WHAT IS NEEDED – From the entries below, copy out all lines holding "TIPIFICACIÓN".

RECORD SET –
= = = =
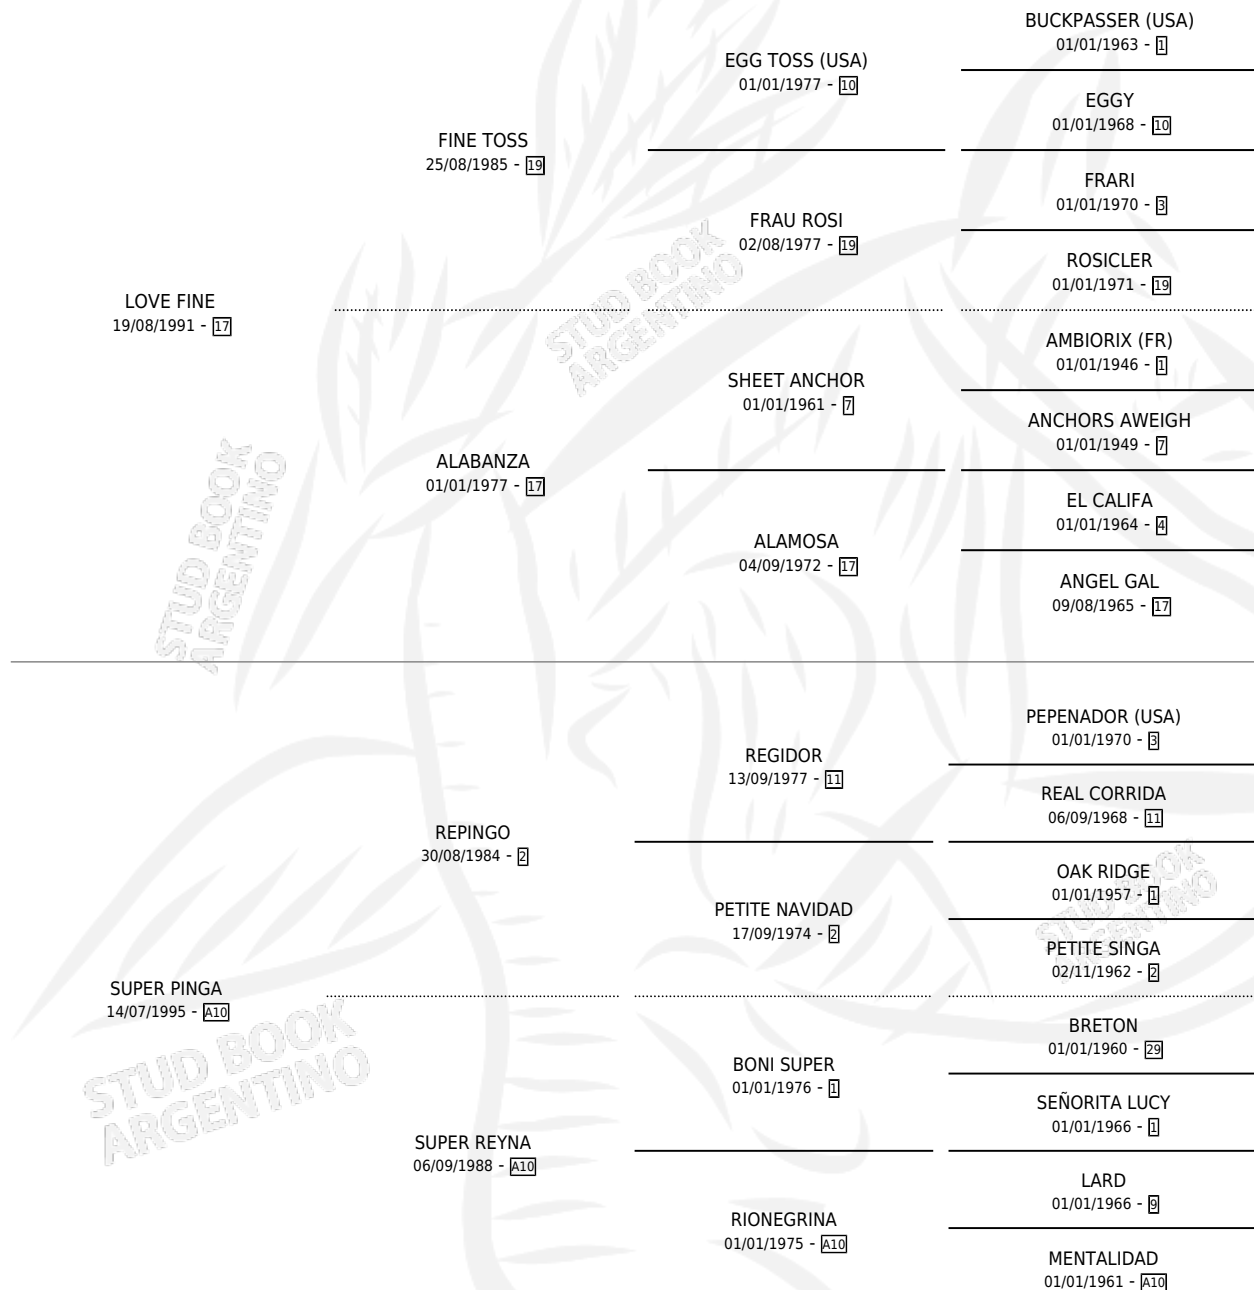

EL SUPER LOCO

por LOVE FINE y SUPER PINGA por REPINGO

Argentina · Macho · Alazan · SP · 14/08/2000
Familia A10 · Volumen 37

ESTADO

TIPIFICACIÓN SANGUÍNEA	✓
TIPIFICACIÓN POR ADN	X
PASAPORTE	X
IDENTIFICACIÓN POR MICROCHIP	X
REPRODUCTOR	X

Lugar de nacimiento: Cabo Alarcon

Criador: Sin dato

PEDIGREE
= = = =
EXERCISE ANSWER –
TIPIFICACIÓN SANGUÍNEA	✓
TIPIFICACIÓN POR ADN	X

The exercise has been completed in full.